Джон-Том отступил на шаг, и Цанкреста поднял необычный самострел.
— Пусть идет. Она — ничто.
За спиной Розарык блеснуло золото. Снова Цанкреста вскинул оружие, но на его лапу легло пернатое крыло.
— Не надо, — прорычал Корробок. — Пускай рогатый идет. С ним я не ссорился. Все равно он не успеет спасти девчонку. А мне эта троица нужна живьем и в полном сознании. — Он направился к лестнице, одним крылом держа меч, а другую протягивая к Снут. — Лекарство, ведьма! Если, конечно, не возражаешь.
— Как вам угодно.
— Нет! — воскликнул Джон-Том. — Не отдавайте.
— Я не участвую в вашей междоусобице, — твердо ответила кенгуриха. — Разбирайтесь сами. — Снут бросила драгоценный контейнер. — Вот, ловите.
Корробок не успел схватить маленький пластиковый цилиндр. Он ударился об пол и тотчас выплюнул густую тучу черного дыма.
Джон-Том бросился в сторону и вниз. Тренькнула тетива, и он ощутил удар по голенищу сапога. Остальные стрелы, не причиняя вреда, забарабанили по спине, прикрытой толстой накидкой из ящеричьей кожи. Он не услышал криков боли и молил Бога, чтобы от оружия Цанкресты не пострадали его друзья. Поднимаясь, юноша изготовил посох к бою, но в ту же секунду решил, что против Корробока мечи Розарык и лук Маджа сгодятся лучше, а ему надо взять на себя волшебника. Поэтому он отбросил посох и ухватился за дуару. На память пришла старая мелодия «Муди Блюз», вполне подходящая для борьбы со злом.
Он заиграл и запел.
Это сразу возымело желаемое действие. Едва начал рассеиваться дым, Джон-Том услышал стоны хорька, а вскоре увидел, как тот пятится, шатаясь и держась за голову.
Но Цанкреста был не из тех, кто легко сдается. Собравшись с силами, он метнул в Джон-Тома пылающий взгляд и продекламировал:
Пальцы чародея удлинились, обернулись могучими удавами и, корчась и извиваясь, потянулись к Джон-Тому.
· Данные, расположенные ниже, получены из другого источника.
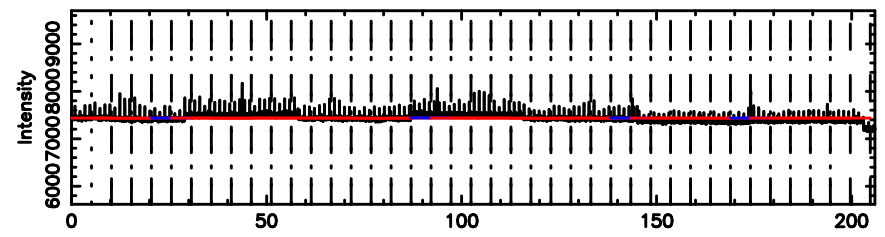

F20240606080853

Юноша не мог с уверенностью сказать, в чем тут причина — в страхе за Глупость или за себя, а может, в неистовой ярости, — но музыка звучала в самой его душе, и он, не пропуская ни ноты, перешел на скользящую мелодию «Джефферсон Эаплейн». Змеи сморщились, съежились и превратились в пальцы хорька. Но Цанкреста не стушевался и вновь протянул к Джон-Тому лапы.
Деревянный рожон, возникший из воздуха и метнувшийся в грудь Джон-Тома, был толщиной с небольшое дерево. Из его заостренного конца вырвалось несколько ветвей. Он разрастался на лету, выпуская корни и листья. Джон-Том едва успел переключиться на «Пироманию» «Деф Лепард».
Огромное растущее копье взорвалось, превратилось в огненный шар. Силой взрыва Цанкресту опрокинуло навзничь. Джон-Тому это дало время выяснить, как идут дела у его друзей. Они остались невредимы, хотя на полу в проходе крови было немало. Вся она проистекала из одного источника, утыканного зелеными и синими перьями. В сторонке лежал клювастый череп, еще дальше — нога, на полупустом стеллаже — пара крыльев. Морда и когти Розарык тоже были в крови в отличие от обоих клинков, так и не покинувших ножен. Тигрица прекрасно обошлась без них, расчленив Корробока столь же ловко и аккуратно, как Джон-Том делил на части жареных цыплят.
Мадж прошел вперед и вскинул лук, чтобы всадить стрелу в Цанкресту. Подняв лапу, волшебник небрежно пробормотал одно-единственное слово, и стрела обратилась в труху еще до того, как раскрошилась о бедро хорька. А тем временем Джон-Том с тревогой думал о Глупости. Если Дром не успеет настичь ее прежде, чем…
Заметив, что самый опасный противник отвлекся, Цанкреста взмахнул над головой лапой и зычно произнес заклинание. Между ним и чаропевцем образовалась черная тучка. Зловеще раскатился гром.
Джон-Том едва успел выкрикнуть нужные слова из песни Прокола Харума и заслониться дуарой от молнии, выскочившей из тучи. Дуара поглотила разряд, однако удар был столь силен, что Джон-Том с трудом устоял на ногах.
Впервые в глазах Цанкресты мелькнул страх. Страх, но не отчаяние. Еще не отчаяние. Хорек злобно взирал на недруга, не пытаясь запахнуть на себе гнилые лохмотья.
— Значит, это не случайно, — пробормотал он. — Не в одной удаче дело. Я этого опасался, но не принимал слишком близко к сердцу. Выходит, напрасно. Думаешь, ты победил, да? Думаешь, сломил меня? — Он поглядел вверх, на лестницу, где стояла Снут с настоящим лекарством в лапах. Цанкреста так бдительно следил за Джон-Томом, что не заметил, как хозяйка магазина подменила лекарство дымовой шашкой. — Все вы думаете, что я раздавлен. Так вот, знайте: вы жестоко ошибаетесь! Меня, Цанкресту, вам не одолеть, ибо я учел все, вплоть до последней мелочи, какой бы мизерной и невероятной она ни казалась. Я даже допустил, что этот желторотый чаропевец может обладать ничтожной толикой таланта.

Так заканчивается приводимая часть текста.